Data for 60 patients from nine countries across Asia, Europe and North and South America were analyzed. The median age (interquartile range [IQR]) for reaching death or permanent ventilation was ~ 7.3 (5.9-10.5) months. The median age (IQR) at permanent ventilation was ~ 12.7 (6.9-16.4) months and at death was ~ 41.2 (7.3-not applicable) months. No patients were able to sit without support or achieved any level of crawling, standing or walking.
Findings from ANCHOVY were consistent with published natural history data on Type 1 SMA demonstrating the disease's devastating course, which markedly differed from risdiplam-treated infants (FIREFISH Part 2). The results provide meaningful additions to the literature, including a broader geographical representation.

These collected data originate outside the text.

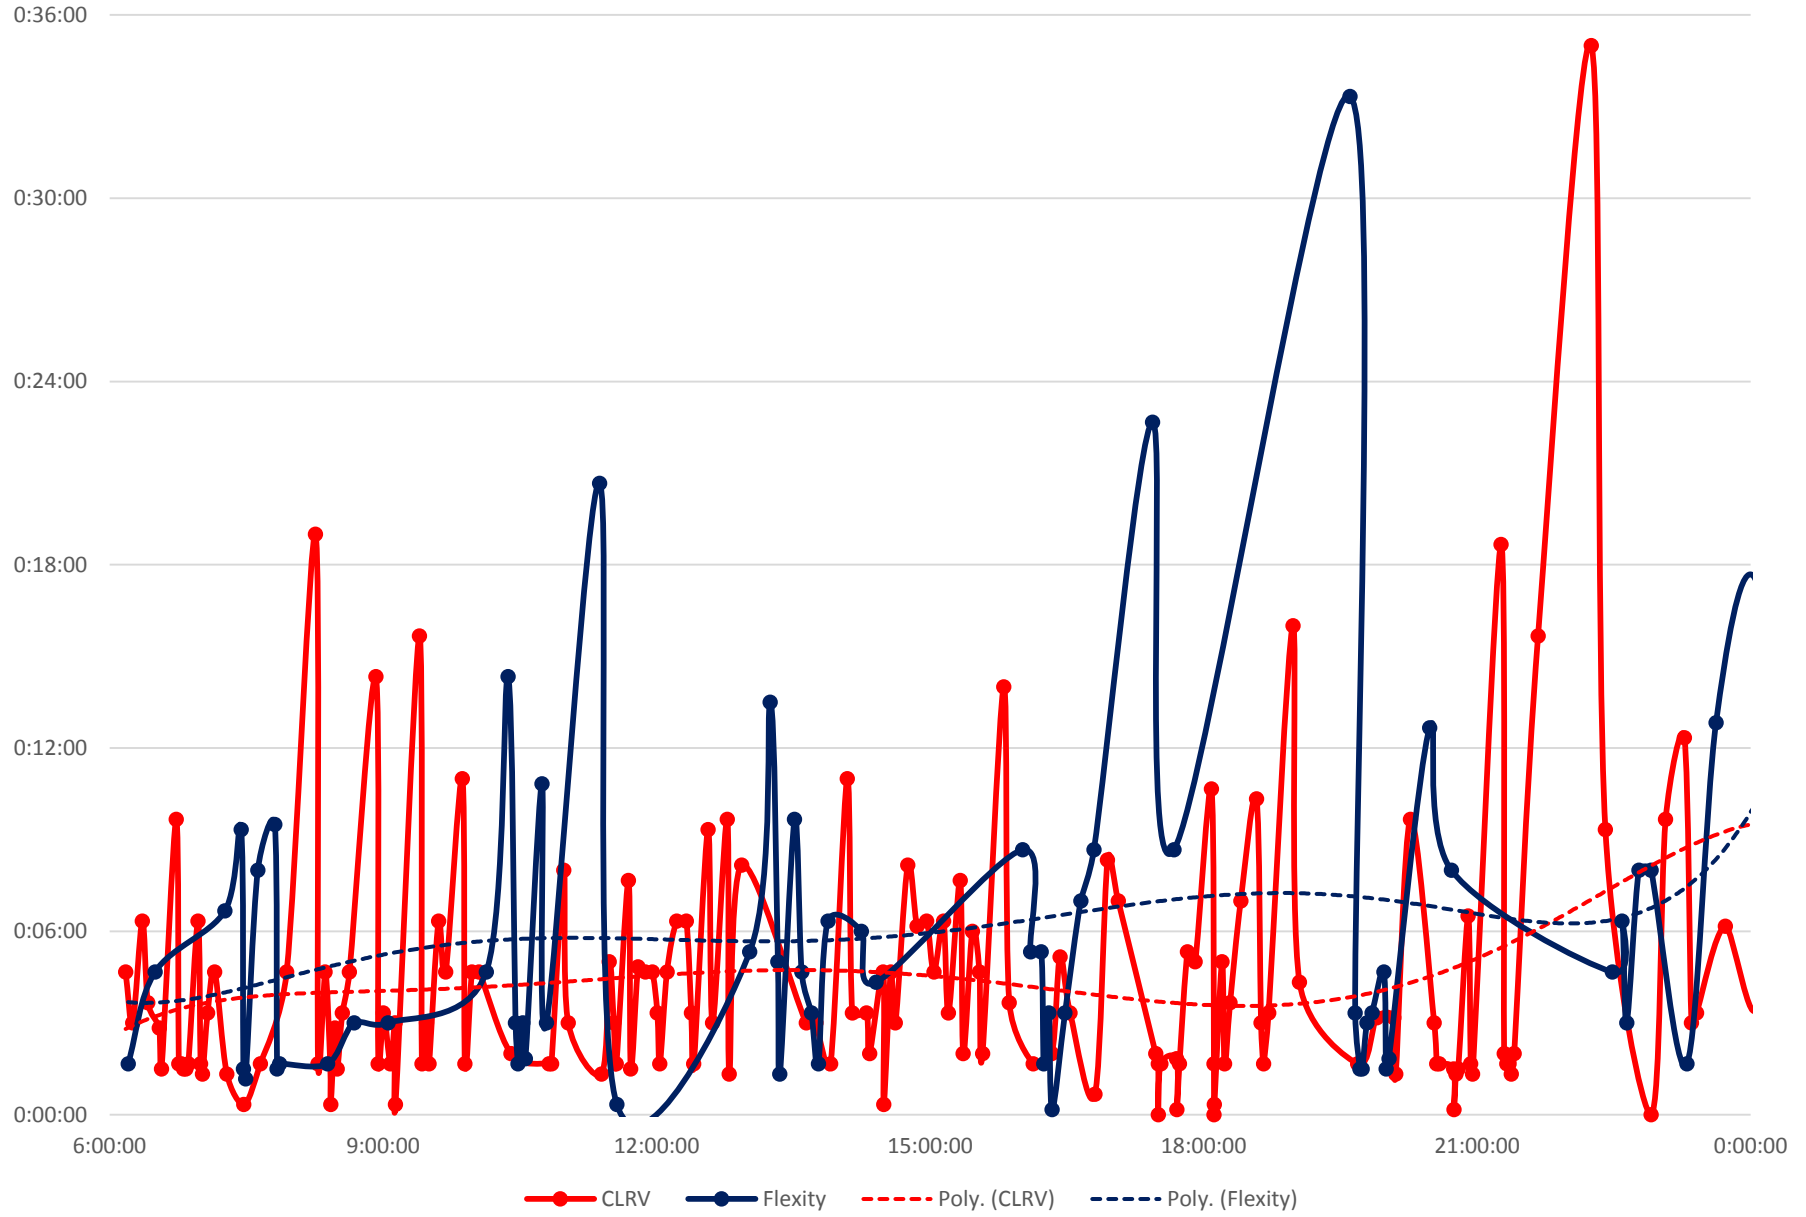

501 Queen Headways at Lansdowne Ave. Westbound Friday 12 Apr 2019

501 Queen Headways at Lansdowne Ave. Westbound Saturday 13 Apr 2019

501 Queen Headways at Lansdowne Ave. Westbound Sunday 14 Apr 2019

501 Queen Headways at Lansdowne Ave. Westbound Monday 15 Apr 2019

501 Queen Headways at Lansdowne Ave. Westbound Tuesday 16 Apr 2019

501 Queen Headways at Lansdowne Ave. Westbound Wednesday 17 Apr 2019

501 Queen Headways at Lansdowne Ave. Westbound Thursday 18 Apr 2019

501 Queen Headways at Lansdowne Ave. Westbound Friday 19 Apr 2019

501 Queen Headways at Lansdowne Ave. Westbound Saturday 20 Apr 2019

501 Queen Headways at Lansdowne Ave. Westbound Sunday 21 Apr 2019

501 Queen Headways at Lansdowne Ave. Westbound Monday 22 Apr 2019

501 Queen Headways at Lansdowne Ave. Westbound Tuesday 23 Apr 2019

501 Queen Headways at Lansdowne Ave. Westbound Wednesday 24 Apr 2019

501 Queen Headways at Lansdowne Ave. Westbound Thursday 25 Apr 2019
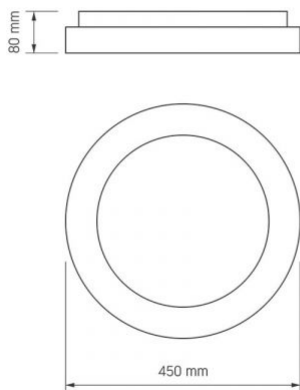

VIDEX®

VIDEX-LED-EDGE-RC-RGB-72W-WHITE

INDEX: VLE-ERC-RGB-72W

We reserve the right to make technical changes. The data contained in this material is not legally binding.

Allegro opt Sp. z o.o., ul. Mierzeja Wiślana 11,
30-732 Krakow, Poland.

- The product must be used indoors
- Minimum distance from the illuminated object
  0,5 m
- Protection against electric shock class I. A product in which the means of protection against electric shock, in addition to the main insulation, is an additional protective circuit connected to the grounding of the power supply network
- The product can be installed and used in/on normally flammable surfaces
- Waste recycling after the end of the product's service life
- The product meets the requirements of EU directives
- It is forbidden to throw away waste equipment marked with the symbol of a crossed-out bin with other waste
- Rated beam angle
  120°
- Ra > 80 - color rendering index
  Ra > 80
- Nominal lifetime (hours)
  35.000 h
- Rated On/off cycles
  ON/OFF 20.000
- The product does not emit ultraviolet light
  Free
- Operating temperatures range
  -20°-40°C
- Colour consistency in MacAdam ellipses (SDCM)
  CCT 2700K
- Colour consistency in MacAdam ellipses (SDCM)
  CCT 6500K
- The flickering of the light does not exceed the permissible level
  No Flicker
- The product has minimal flickering, which should not cause discomfort or danger
  No Flicker
- The product does not contain mercury
  Free
- Class of protection against dust and moisture. Protection against solid objects larger than 12 mm; no protection against moisture
  IP20

Date: 13.03.2025
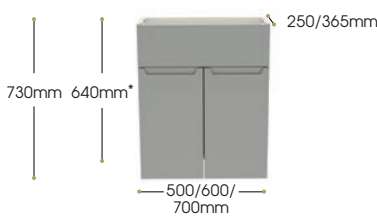

Long Door Length

*Cabinet 640mm & 820mm with legs

End Panel (required for any exposed cabinet sides). Panels sold individually.

365mm x 18mm x 640mm
250mm x 18mm x 640mm
365mm x 18mm x 820mm
250mm x 18mm x 820mm

640CEP
S640CEP
820CEP
S820CEP

£57.65
£57.65
£68.00
£68.00

UK Design Registration 6262514

Two Drawer Basin Units

Hanging brackets for wall mounting & adjustable legs included.
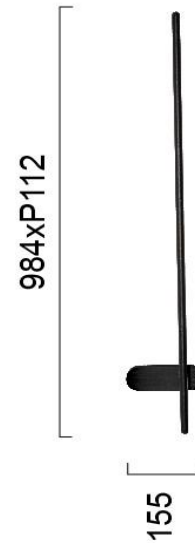

Product Datasheet

Code	4249400
Description	Wall Lamp Felix
Family	FELIX
Type	WALL LIGHTS
Type of Lamp	LED module
Watt	12W
Volt	220-240 VAC
Hertz	50-60 Hz
Class	I
IP	IP20
Environment	Indoor
Color	SAND BLACK
Material	ELECTROSTATIC PAINTED ALUMINIUM
Length	L:55
Height	H:985
Width	P:112
Kelvin	3000K
Lumen	720 Lm
Beam Angle	Beam angle 60*/ CRI>80
Dimmable	Non-Dimmable
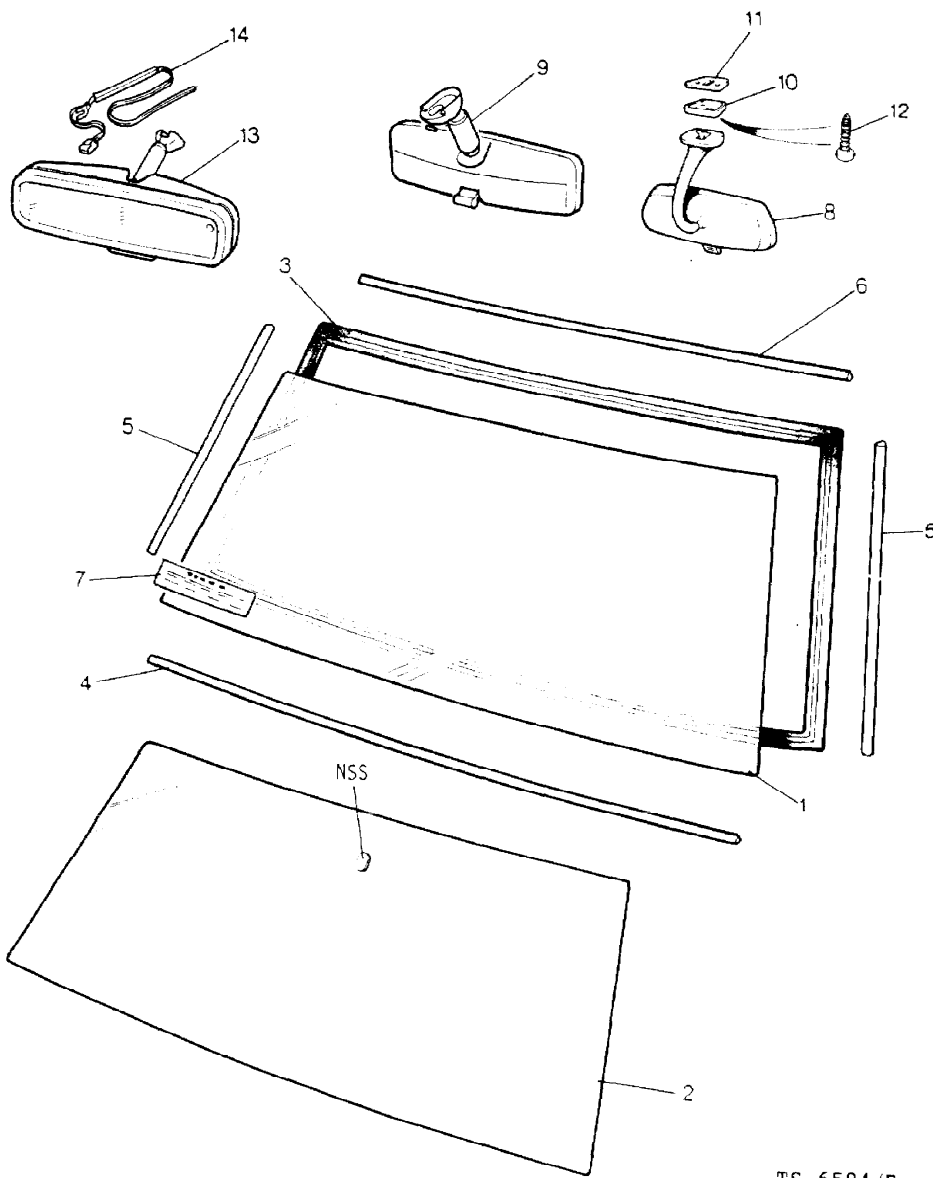

MODEL RANGE ROVER
BLOCK TS 6584/B
PAGE NF 22

BODY - WINDSCREEN AND INTERIOR MIRROR

ILL	PART NO	DESCRIPTION	QTY	REMARKS
1	MRC9506	Windscreen Laminated	1	)Clear)Australia*
	MXC3343	Windscreen Laminated	1	)Clear)Australia**
	MTC5961	Windscreen Laminated Sundym Tinted	1	*
2	MXC3342	Windscreen Laminated Sundym Tinted	1	**
	MXC5648	Windscreen Heated Laminated Sundym Tinted	1	**
3	MXC6360	Seal for Windscreen	1	Upto VIN 415619
	MXC7405	Seal for Windscreen	1	4 Door ***
	MXC7406	Seal for Windscreen	1	2 Door ***
4	391476	Filler Strip Bottom	1	
5	391474	Filler Strip Side	2	
6	391475	Filler Strip Top	1	
7	598936	Instruction Label	1	
8	MRC3075	Interior Mirror	1	*
9	MXC3340	Interior Mirror on Windscreen	1	**
10	BRC173	Base Plate	1	*
11	MRC4148	Washer Plate	1	*
12	AC610081L	Drive Screw	2	*
13	BTR260	Mirror-Auto Dim/Dip	1	From VIN HA
14	PRC8560	Link Lead	1	From VIN HA

* Up To VIN EA351032 - Mirror Mounted To Windscreen Header Rail

** From Introduction Of VIN FA351033 - Mirror Mounting Slug Part Of Windscreen Assembly.

*** From Introduction Of VIN GA415620 - Windscreen Seal.

Parts Not Applicable to USA.

557

凤尾鱼是一项全球性、多中心的病历回顾研究,旨在从广泛的地理区域描述 1 型脊髓性肌萎缩症(SMA)的自然病史,并进一步说明 risdiplam 治疗 1 型 SMA 的 FIREFISH(NCT02913482)干预研究结果。
从 28 天至 3 个月龄归因于 1 型 SMA 的首次症状、SMA 的基因确认以及运动神经元 2 拷贝数为两个或未知的存活患者的病历中提取数据。所有地点的研究期均始于 2008 年 1 月 1 日;由于当地治疗的可获得性,研究结束日期因地点而异。主要终点为死亡和/或永久性通气的时间以及达到运动里程碑的患者比例。次要终点包括开始呼吸和喂养支持的时间。
对来自亚洲、欧洲以及北美和南美 9 个国家的 60 名患者的数据进行了分析。达到死亡或永久性通气的中位年龄(四分位距 [IQR])为7.3(5.9-10.5)个月。永久性通气的中位年龄(IQR)为12.7(6.9-16.4)个月,死亡的中位年龄(IQR)为~41.2(7.3-不适用)个月。没有患者能够不借助支撑物坐立,也没有患者能够爬行、站立或行走。
凤尾鱼的研究结果与已发表的 1 型 SMA 自然病史数据一致,表明该疾病的病程具有破坏性,与接受 risdiplam 治疗的婴儿(FIREFISH 第 2 部分)明显不同。这些结果为文献提供了有意义的补充,包括更广泛的地理代表性。